Each Series C Preferred Share is convertible into shares of the Company's common
stock at a conversion price equal to 65% of the average closing bid price for
the common stock five days prior to the conversion. The total number of shares
of common stock issuable (1) upon conversion of the Series C Preferred Shares,
(2) as a dividend on the Series C Preferred Shares, and (3) upon exercise of the
Series C Warrant cannot exceed 1,788,583 shares (20% of the number of
outstanding shares of common stock on July 13, 1999), unless the Company obtains
shareholder approval as required by the Nasdaq SmallCap Market. In the event a
holder of Series C Preferred Shares is unable to convert shares of Series C
Preferred Shares into common stock because 1,788,583 shares have already been
issued as described in the preceding sentence, the Company must redeem any
unconverted Series C Preferred Shares



                                       14

<PAGE>   15



presented for conversion for cash at a price equal to 125% of the stated value.
The Company has the right to redeem the Series C Preferred Shares in cash at
135% of stated value plus accrued and unpaid dividends.

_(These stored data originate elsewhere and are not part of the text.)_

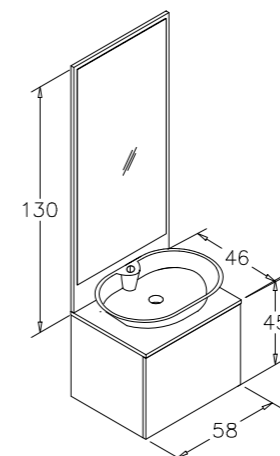

PARMA

- Tezgah Üstü Seramik Lavabo
- Gövde ve Kapak; Melamin Kaplamalı Yonga Levha
- Düz Ayna
- Frenli Kapak

60cm Takım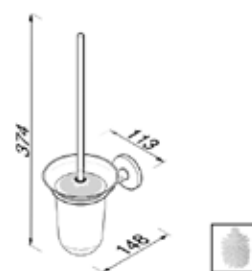

Серия	Габариты, мм	Особенности	Артикул	Цена
Hotel	113*148*374	Настенный монтаж	915311-02	52,18

Крючок,
Geesa, Hotel,
шгв 25*25*50 мм,
одинарный, цвет-хром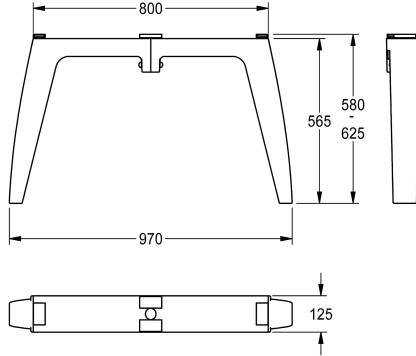

KWC FUTURA exklusiv Brückenfuß

Modell-Linie: FUTURA-EXKLUSIV | SANW0119
Waschtische & Waschrinnen | Zubehör Waschtische

KWC-Nr.

2030063270

Brückenfuß für Waschrinne mit Beckenoberkante 700 mm

2030063271

Brückenfuß für Waschrinne mit Beckenoberkante 800 mm

Brückenfuß zur freistehenden doppelreihigen Montage, aus kunstharzgebundenem Mineralwerkstoff, Farbton Anthrazit, für Waschrinne FUTURA exklusiv mit Beckenoberkante 700 mm.

Abmessungen 125 x 565 x 970 mm (B x H x T)

Technische Daten

Füllmenge

1

Mengeinheit

Stück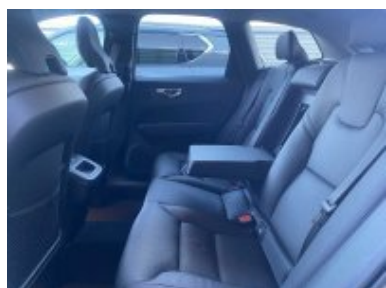

PRODEJ VOZŮ BMW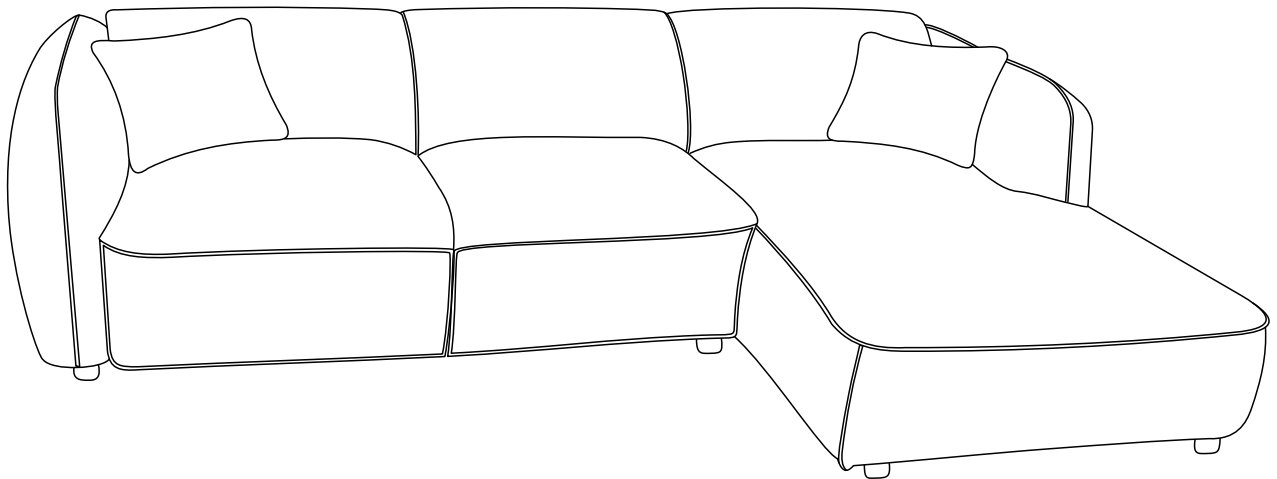

# CAMILIO RIGHT CHAISE

<p>A x 15</p>  <p>Ø 45 x 70 mm</p>	<p>B x 15</p>  <p>4,5 x 60 mm</p>
---	--

All Series C Preferred
Shares which is still outstanding on July 13, 2004 is mandatorily converted at
the Conversion Price.

         The Company is not required to convert Series C Preferred Stock,
whether upon request for conversion by the holder or upon the July 13, 2004
mandatory conversion date, if and to the extent that such holder would then own
in excess of 5% of the Company's common stock. If, notwithstanding the
foregoing, such holder is deemed by a court to be the beneficial owner of more
than 5% of the Company's common stock, the Company is required to redeem for
cash such number of shares of Series C Preferred Shares as will reduce such
holder's ownership to not more than 5% at a redemption price equal to 125% of
the stated value plus accrued and unpaid dividends. In the case of mandatory
conversion, the Company may elect to pay a redemption price in cash equal to
135% of the stated value plus accrued and unpaid dividends or may extend the
mandatory conversion date for one year.


                              PLAN OF DISTRIBUTION

         We are registering the shares offered by this prospectus in part on
behalf of the selling shareholders. We agreed to file a registration statement
under the Securities Act of 1933, as amended (the "Securities Act") covering
resale by the selling shareholders of the shares and to use our best efforts to
cause such registration statement to be declared effective as soon as possible
thereafter. As used in this section, the term "selling shareholders" includes
donees, pledgees, transferees and other successors in interest selling shares
received from a selling shareholder after the date of this prospectus. We will
pay all costs and expenses in connection with the preparation of this prospectus
and the registration of the shares offered by it. Any brokerage commissions and
similar selling expenses attributable to the sale of shares will be borne by the
selling shareholders. Sales of shares may be effected by the selling
shareholders at various times in one or more types of transactions (which may
include block transactions) on the Nasdaq SmallCap Market, in negotiated
transactions, through put or call options transactions relating to the shares,
through short sales of shares, or a combination of such methods of sale at
market prices prevailing at the time of sale or at negotiated prices. Such
transactions may or may not involve brokers or dealers. The selling shareholders
have advised us that they have not entered into any agreements, understandings
or arrangements with any underwriters or broker-dealers regarding the sale of
the shares, nor is there an underwriter or coordinating broker acting in
connection with the proposed sale of shares by the selling shareholders.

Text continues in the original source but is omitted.